Stored items
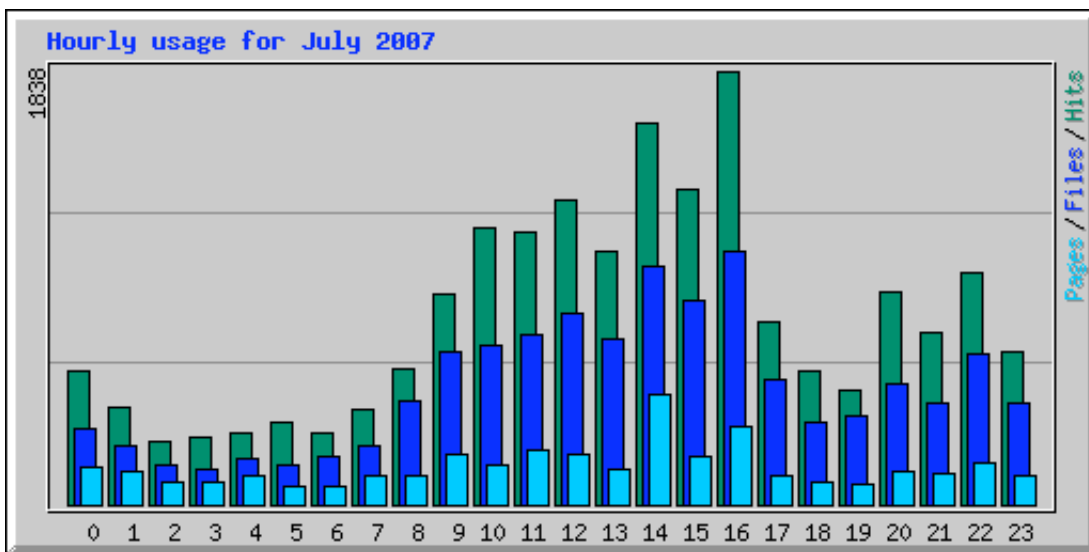

20	627	3.31%	431	3.62%	122	3.15%	96	4.25%	109	6.96%	17953	3.59%
21	460	2.43%	325	2.73%	100	2.58%	78	3.45%	120	7.67%	9423	1.88%
22	854	4.51%	307	2.58%	101	2.61%	61	2.70%	92	5.88%	18562	3.71%
23	616	3.26%	400	3.36%	122	3.15%	76	3.36%	93	5.94%	13181	2.63%
24	536	2.83%	412	3.46%	94	2.43%	70	3.10%	102	6.52%	22211	4.44%
25	739	3.91%	460	3.86%	124	3.20%	75	3.32%	110	7.03%	18766	3.75%
26	761	4.02%	561	4.71%	145	3.75%	97	4.29%	165	10.54%	22037	4.40%
27	876	4.63%	585	4.91%	138	3.57%	71	3.14%	103	6.58%	16299	3.25%
28	134	0.71%	81	0.68%	38	0.98%	37	1.64%	55	3.51%	5541	1.11%
29	353	1.87%	242	2.03%	62	1.60%	55	2.43%	113	7.22%	10054	2.01%
30	736	3.89%	427	3.58%	127	3.28%	63	2.79%	106	6.77%	12409	2.48%
31	686	3.63%	442	3.71%	107	2.76%	61	2.70%	100	6.39%	17343	3.46%

Hourly Statistics for July 2007												
Hour	Hits			Files			Pages			KBytes		
	Avg	Total		Avg	Total		Avg	Total		Avg	Total	
0	18	565	2.99%	10	318	2.67%	5	161	4.16%	475	14737	2.94%
1	13	415	2.19%	8	252	2.12%	4	140	3.62%	678	21031	4.20%
2	8	267	1.41%	5	172	1.44%	3	97	2.51%	601	18626	3.72%
3	9	281	1.49%	4	145	1.22%	2	92	2.38%	420	13018	2.60%
4	9	302	1.60%	6	194	1.63%	4	125	3.23%	653	20257	4.05%
5	11	346	1.83%	5	166	1.39%	2	80	2.07%	462	14314	2.86%
6	9	306	1.62%	6	202	1.70%	2	79	2.04%	579	17955	3.59%
7	13	405	2.14%	8	253	2.12%	4	126	3.26%	528	16362	3.27%
8	18	573	3.03%	14	437	3.67%	3	120	3.10%	825	25571	5.11%
9	28	890	4.70%	20	643	5.40%	6	215	5.56%	856	26535	5.30%
10	37	1172	6.20%	21	673	5.65%	5	169	4.37%	694	21519	4.30%
11	37	1156	6.11%	23	720	6.04%	7	229	5.92%	853	26442	5.28%
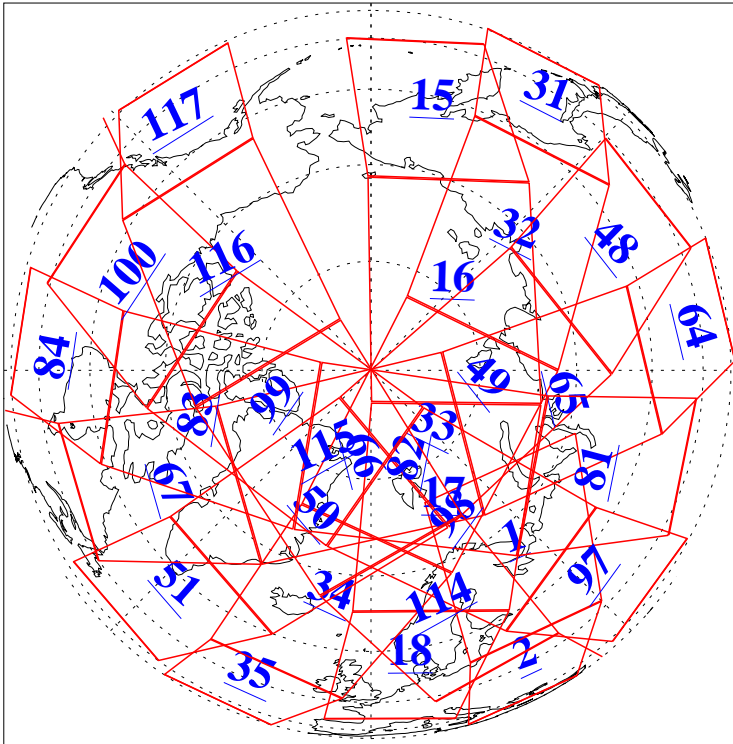

L1B Availability
AMSU Granules: 240
HSB Granules: 0
AIRS Granules: 240

4 Oct 2013
DoY 277
Aqua Day 4171
Granules: 1 to 120

Granules: 121 to 240

Legend: AMSU Available, HSB Available, AIRS Available

L1B Availability
AMSU Granules: 240
HSB Granules: 0
AIRS Granules: 240

4 Oct 2013
DoY 277
Aqua Day 4171

Ascending Granules

Descending Granules

Legend: AMSU Available, HSB Available, AIRS Available

L1B Availability
 AMSU Granules: 240
 HSB Granules: 0
 AIRS Granules: 240

4 Oct 2013
 DoY 277
 Aqua Day 4171

Northern Hemisphere Granules

Southern Hemisphere Granules

Legend: AMSU Available, HSB Available, AIRS Available

#### Goal of the exercise
Except for the pictures, write the data out exactly.

#### Output
20	627	3.31%	431	3.62%	122	3.15%	96	4.25%	109	6.96%	17953	3.59%
21	460	2.43%	325	2.73%	100	2.58%	78	3.45%	120	7.67%	9423	1.88%
22	854	4.51%	307	2.58%	101	2.61%	61	2.70%	92	5.88%	18562	3.71%
23	616	3.26%	400	3.36%	122	3.15%	76	3.36%	93	5.94%	13181	2.63%
24	536	2.83%	412	3.46%	94	2.43%	70	3.10%	102	6.52%	22211	4.44%
25	739	3.91%	460	3.86%	124	3.20%	75	3.32%	110	7.03%	18766	3.75%
26	761	4.02%	561	4.71%	145	3.75%	97	4.29%	165	10.54%	22037	4.40%
27	876	4.63%	585	4.91%	138	3.57%	71	3.14%	103	6.58%	16299	3.25%
28	134	0.71%	81	0.68%	38	0.98%	37	1.64%	55	3.51%	5541	1.11%
29	353	1.87%	242	2.03%	62	1.60%	55	2.43%	113	7.22%	10054	2.01%
30	736	3.89%	427	3.58%	127	3.28%	63	2.79%	106	6.77%	12409	2.48%
31	686	3.63%	442	3.71%	107	2.76%	61	2.70%	100	6.39%	17343	3.46%

Hourly Statistics for July 2007												
Hour	Hits			Files			Pages			KBytes		
	Avg	Total		Avg	Total		Avg	Total		Avg	Total	
0	18	565	2.99%	10	318	2.67%	5	161	4.16%	475	14737	2.94%
1	13	415	2.19%	8	252	2.12%	4	140	3.62%	678	21031	4.20%
2	8	267	1.41%	5	172	1.44%	3	97	2.51%	601	18626	3.72%
3	9	281	1.49%	4	145	1.22%	2	92	2.38%	420	13018	2.60%
4	9	302	1.60%	6	194	1.63%	4	125	3.23%	653	20257	4.05%
5	11	346	1.83%	5	166	1.39%	2	80	2.07%	462	14314	2.86%
6	9	306	1.62%	6	202	1.70%	2	79	2.04%	579	17955	3.59%
7	13	405	2.14%	8	253	2.12%	4	126	3.26%	528	16362	3.27%
8	18	573	3.03%	14	437	3.67%	3	120	3.10%	825	25571	5.11%
9	28	890	4.70%	20	643	5.40%	6	215	5.56%	856	26535	5.30%
10	37	1172	6.20%	21	673	5.65%	5	169	4.37%	694	21519	4.30%
11	37	1156	6.11%	23	720	6.04%	7	229	5.92%	853	26442	5.28%

L1B Availability
AMSU Granules: 240
HSB Granules: 0
AIRS Granules: 240

4 Oct 2013
DoY 277
Aqua Day 4171
Granules: 1 to 120

Granules: 121 to 240

Legend: AMSU Available, HSB Available, AIRS Available

L1B Availability
AMSU Granules: 240
HSB Granules: 0
AIRS Granules: 240

4 Oct 2013
DoY 277
Aqua Day 4171

Ascending Granules

Descending Granules

Legend: AMSU Available, HSB Available, AIRS Available

L1B Availability
 AMSU Granules: 240
 HSB Granules: 0
 AIRS Granules: 240

4 Oct 2013
 DoY 277
 Aqua Day 4171

Northern Hemisphere Granules

Southern Hemisphere Granules

Legend: AMSU Available, HSB Available, AIRS Available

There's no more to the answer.